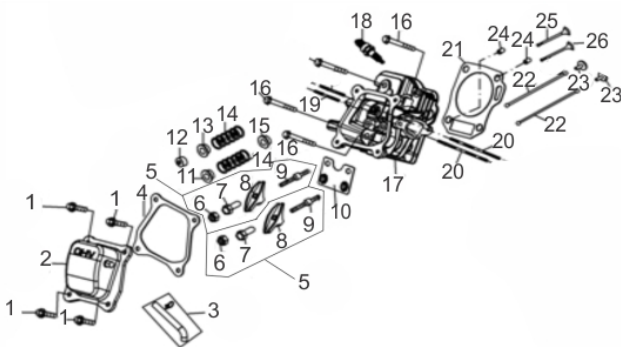

Cabeçote-Comando de Válvulas

Ref.	Cód	Descrição	Qtd Prod
1	2546	PARAF M6X1X16MM- ZN BR	4
2	169	TAMPA CABECOTE 2/G	1
3	548	MANGUEIRA RESPIRO/G	1
4	419	JUNTA TAMPA CABECOTE/G	1
5	2603	CONJ BALANCIM/7.0 PLUS	2
6	469	CONTRA PORCA BALANCIM/G	2
7	468	PORCA BALANCIM/G	2
8	2547	BALANCIM G7.0 PLUS	2
9	649	PARAF REGULAGEM	2
10	476	PLACA GUIA DAS VARETAS/G	1
11	473	PRATO MOLA ADMISSAO/G	1
12	475	PASTILHA DA VALVULA/G	1
13	474	PRATO MOLA ESCAPE/G	1
14	472	MOLA DA VALVULA/G	2
15	479	RETENTOR DE VALVULA/G	1
16	2548	PARAF FIX CABECOTE EXTE/G	4
17	2549	CABECOTE G7.0 PLUS	1
18	2550	VELA IGNICAO	1
19	429	PRIS M8X1.25X34 ZN BR	2
20	2555	PRIS M6X110MM CABECOTE/G	2
21	2562	JUNTA CABECOTE/G 7.0 PLUS	1
22	2563	VARETA VALVULA/G	2

Exercise directions: Which lines in the records above contain the string "CABECOTE"? Copy each one.

Output below:
2	169	TAMPA CABECOTE 2/G	1
4	419	JUNTA TAMPA CABECOTE/G	1
16	2548	PARAF FIX CABECOTE EXTE/G	4
17	2549	CABECOTE G7.0 PLUS	1
20	2555	PRIS M6X110MM CABECOTE/G	2
21	2562	JUNTA CABECOTE/G 7.0 PLUS	1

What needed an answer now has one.